The idea of paying off $76K+ in debt in just under five years on a rather limited budget is, to say the least, just as daunting. If we focus on how far we have to go and how many tens of thousands of dollars we have to repay, it seems almost impossible. But we're taking the same mindset as we do when we set off on a long hike: set the destination, make a plan for getting there, and then make progress one simple step (or one simple dollar) at a time.

The debt repayment plan we're using is the much-touted Debt Snowball method. For those unfamiliar with the concept, a Debt Snowball is when you pay off a series of debts in an order dictated by their balances and interest rates. When one debt gets paid off, you don't take the money that you used to apply to that payment and spend it on vacations or sushi or snow cones (I don't know why sushi and snow cones came to mind). Instead, you roll that money into the remaining debt until one day - if you're reeeeeeaaaallllly committed and stick to the plan - voila! Debt eliminated.

We allocate $1600 in our monthly budget for repayment of the following six debts, which I've outlined in the table below in the order that we will pay them off:


Debt
Monthly Payment
Current Balance
Interest Rate
Car Loan
$300
$1784
<6%
Credit Card #1
$150
$1553
14.99%
Credit Card #2
$275
$9667
15.74%
Credit Card #3
$280
$11067
14.51%
Student Loan #1
$202
$11608
7.00%
Student Loan #2
$393
$41436
7.25%

The car loan (which I didn't originally include in our debt calculation, but then figured I should) will be paid off by the end of this year, at which point we hope to apply that freed-up $300 to Credit Card #1 (a total payment of $450 a month). Once Credit Card #1 is paid off, we'll take that $450 and apply it, along with the original $275 monthly payment, to Credit Card #2. And so on.

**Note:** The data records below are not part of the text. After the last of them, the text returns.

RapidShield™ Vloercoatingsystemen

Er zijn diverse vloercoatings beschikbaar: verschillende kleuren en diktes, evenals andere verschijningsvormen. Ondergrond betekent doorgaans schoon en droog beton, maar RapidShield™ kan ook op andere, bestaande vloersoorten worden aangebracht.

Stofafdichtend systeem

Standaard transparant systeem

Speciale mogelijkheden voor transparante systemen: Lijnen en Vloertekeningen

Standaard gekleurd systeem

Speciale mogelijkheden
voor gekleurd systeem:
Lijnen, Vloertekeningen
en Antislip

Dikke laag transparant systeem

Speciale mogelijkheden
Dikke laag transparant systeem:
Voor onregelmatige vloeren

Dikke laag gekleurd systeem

It's going to feel like slow going at first, but once we're able to throw more than $700 a month at our highest-interest rate credit card, and once we see the balance moving downward at a fairly expeditious pace, I'm convinced we'll be inspired to keep plugging along.

That's the plan, but we'll see if adjustments are needed. With Fortysomething starting a new job later this month, our income will decrease somewhat. Though we hope not to, we may need to stash some of the $300 car payment cash in savings, thereby slowing our debt repayment. We'll have to play it by ear.

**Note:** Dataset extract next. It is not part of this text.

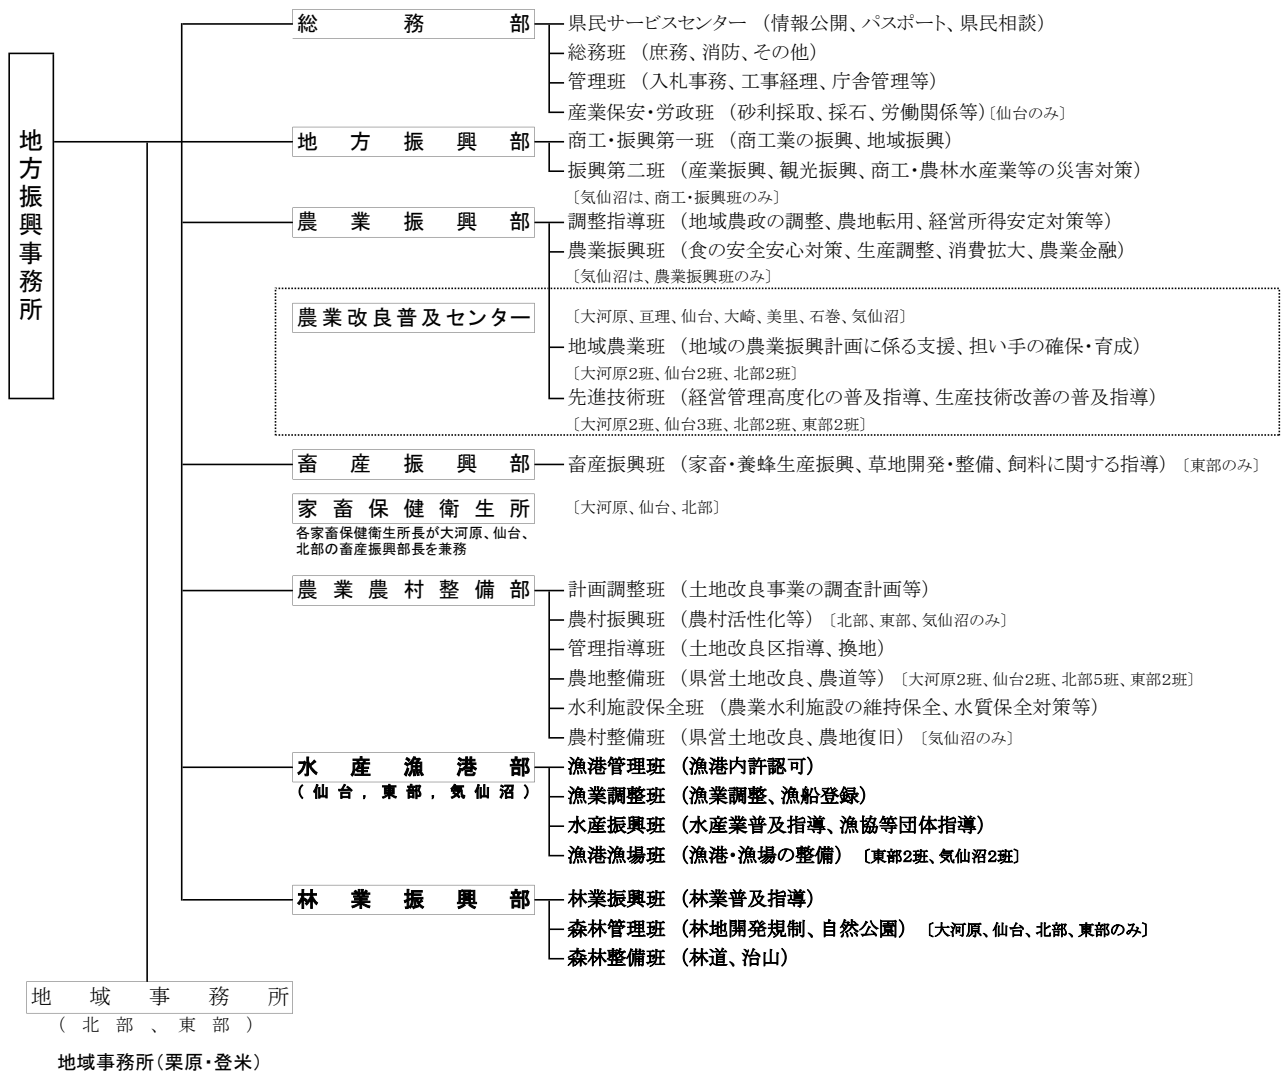

2 地方振興事務所組織図

令和6年4月1日現在

地方振興事務所(大河原・仙台・北部・東部・気仙沼)

注1) 地方振興事務所は、経済商工観光部所属の地方機関。

注2) ただし、定数・人事管理等については、所長・副所長・総務部・地方振興部を経済商工観光部が、農業振興部・畜産振興部・農業農村整備部を農政部が、水産漁港部・林業振興部を水産林政部が所管している。

According to the calculations we made at What's the Cost, it will take us a whopping 59 months - just under 5 years - to pay off the full balance of our combined debt. Whew. Five years! That's going to take dedication, but I've never felt more determined to put ourselves into a better financial situation than I do right now.

I know that when we get to that point and look at how far we've come, the time, effort, and sacrifices will be worth it.

*     *     *

On another note, we're participating this month in Frugalwood's Uber Frugal Month Challenge. The accountability and encouragement are working. We've really reined it in this month: we've slashed our grocery bill and eliminated most non-essential expenses (the only exception we made was for haircuts for the Kiddo and Fortysomething; I can cut my *own* hair, but I don't know the first thing about cutting a guy's hair). I can't wait to tally our total savings at the end of the month and share it here.

Disease Called Debt

12 comments:

  1. Oh ya.... we are like in the same predicament. And we have the same auto loan Pay of Goal. Race you! But I would get a handicap because I am one income. ;-) Oh wait, just saw the balance. You will have that paid off in no time.

    I like your back story, future paragraph and that you're veggie (I am not, but am very high plant based). That is great both of you are on this goal together. And I love What's the Cost.

    Following. You all have this! Charge to Debt $0.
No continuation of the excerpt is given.